И он махнул рукой так отчаянно, что я рассмеялся. Мне вспомнились и другие смешные вещи, которые я читал об этом селении. Где-то в Европе или Америке была опубликована статистика преступлений во всем мире. Таким образом стало известно, что на земле первое место по преступности занимает Чикаго, второе Абнуб, а затем уже идут другие известные города мира.

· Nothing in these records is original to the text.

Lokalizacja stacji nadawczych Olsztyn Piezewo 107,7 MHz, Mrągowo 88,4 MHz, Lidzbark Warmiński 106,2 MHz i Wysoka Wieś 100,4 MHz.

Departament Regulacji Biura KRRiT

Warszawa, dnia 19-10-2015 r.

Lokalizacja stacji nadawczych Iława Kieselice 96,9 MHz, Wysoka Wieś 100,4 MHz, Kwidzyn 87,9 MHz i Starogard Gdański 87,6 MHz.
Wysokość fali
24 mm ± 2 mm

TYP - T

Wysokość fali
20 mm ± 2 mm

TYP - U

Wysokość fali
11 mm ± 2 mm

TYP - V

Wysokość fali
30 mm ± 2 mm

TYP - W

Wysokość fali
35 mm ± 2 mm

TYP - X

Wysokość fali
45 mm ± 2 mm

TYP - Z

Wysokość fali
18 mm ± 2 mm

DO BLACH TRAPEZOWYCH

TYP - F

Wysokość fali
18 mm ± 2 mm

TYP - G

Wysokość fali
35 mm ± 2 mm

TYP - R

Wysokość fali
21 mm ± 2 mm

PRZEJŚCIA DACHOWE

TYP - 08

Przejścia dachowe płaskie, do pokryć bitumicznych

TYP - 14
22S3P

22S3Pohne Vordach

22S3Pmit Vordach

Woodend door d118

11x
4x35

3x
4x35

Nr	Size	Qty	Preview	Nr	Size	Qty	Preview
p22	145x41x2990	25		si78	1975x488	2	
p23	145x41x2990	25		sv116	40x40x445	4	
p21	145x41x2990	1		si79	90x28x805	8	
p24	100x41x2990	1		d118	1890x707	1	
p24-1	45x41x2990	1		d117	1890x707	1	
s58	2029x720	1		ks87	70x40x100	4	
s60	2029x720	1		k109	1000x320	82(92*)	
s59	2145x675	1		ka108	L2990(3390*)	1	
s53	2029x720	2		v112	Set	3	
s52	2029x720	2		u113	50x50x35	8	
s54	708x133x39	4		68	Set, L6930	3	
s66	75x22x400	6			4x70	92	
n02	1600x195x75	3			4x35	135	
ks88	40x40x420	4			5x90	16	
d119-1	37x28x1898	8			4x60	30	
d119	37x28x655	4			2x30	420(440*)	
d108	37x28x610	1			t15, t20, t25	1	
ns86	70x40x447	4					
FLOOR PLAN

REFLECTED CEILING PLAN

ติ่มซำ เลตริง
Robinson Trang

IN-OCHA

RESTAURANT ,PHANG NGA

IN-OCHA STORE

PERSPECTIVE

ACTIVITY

Если бы не маленькое примечание на полях статистического отчета, я наверняка подумал бы, что Абнуб — город в Америке. Но там разъяснялось, что он находится в Верхнем Египте. Я был поражен тем, что такой маленький городок занимает, хотя бы по количеству преступлений, столь выдающееся место среди известных городов мира!

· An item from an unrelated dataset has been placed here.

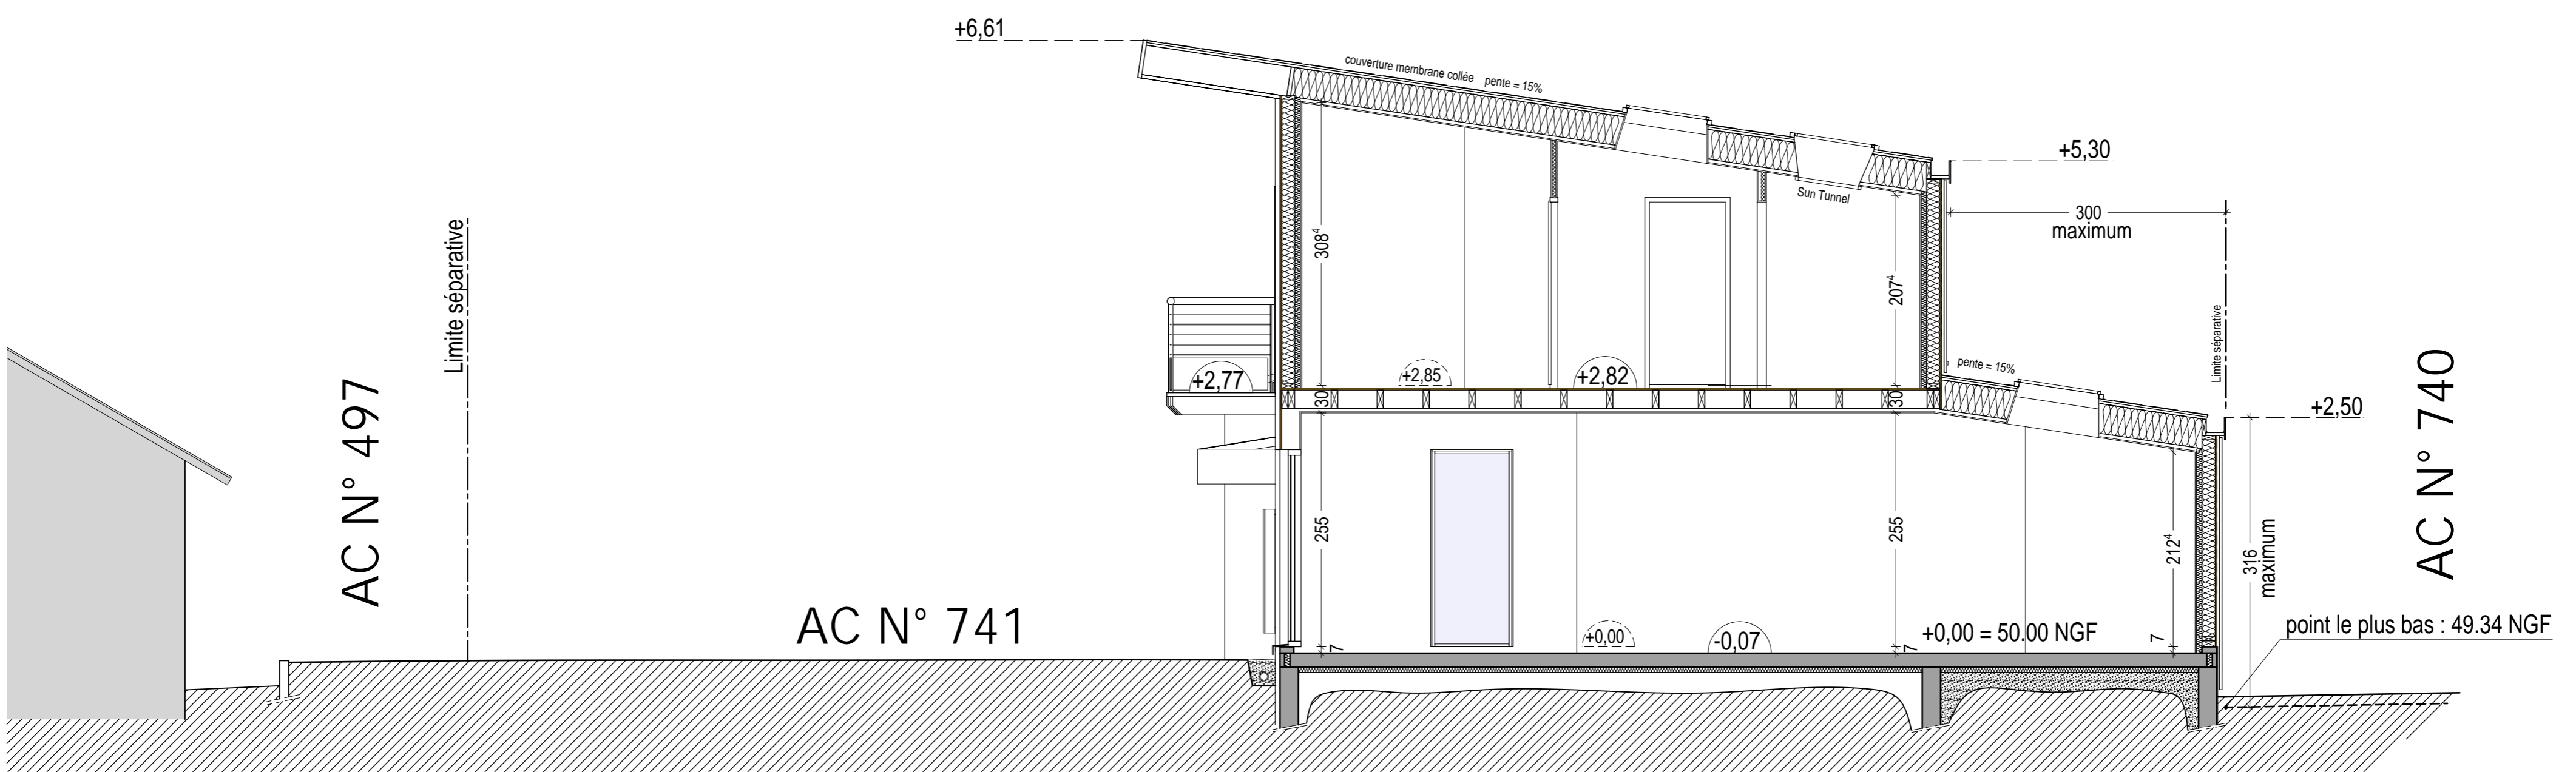

parcelle AC 740

Plan du rez-de-chaussée échelle 1/50ème

Coupe B échelle 1/50ème

Maitre d'Ouvrage M. BAGOURD et Mme LE MOIGN 1, rue du Maréchal Joffre 44 250 Saint Brevin les Pins	Architectes Philippe MIGNÉ Architecte D.P.L.G. 8, impasse de la Minoterie 44 210 PORNIC Tél: 02 51 74 04 70 Courriel: phmigne.archi@free.fr	Philippe LHÉRITEAU Architecte D.P.L.G. 13, rue du Marché 44 600 SAINT-NAZAIRE Tél: 0240429819 Courriel: phlheriteau@architectes.org	Phase: Projet de Conception Générale Echelle: variable (voir intitulés) Date: 25 juillet 2015 Indice:	Planche 2/2
--	---	---	--	-----------------------

Чикаго и Абнуб — два полюса низких человеческих инстинктов на земле! Первый знаменит, так сказать, цивилизованной преступностью, второй — преступлениями, характерными для кочевой бедуинской жизни во всем ее своеобразии.

Характер преступлений в цивилизованном обществе существенно изменился как в смысле целей и методов, так и в отношении применяемого оружия. Цивилизованные преступники используют броневики и пистолеты, пулеметы и взрывчатку для нападения на могущественные банки и финансовые учреждения, после чего скрываются с огромными суммами денег в укромные места. А вот преступление, порожденное инстинктами, — его совершают, завернувшись в галабию, с дубинкой, топором или ружьем в руках. Проливают кровь слабого человека, мстя ему за то, что он оскорбил чью-то честь, о которой судят с точки зрения вековых обычаев.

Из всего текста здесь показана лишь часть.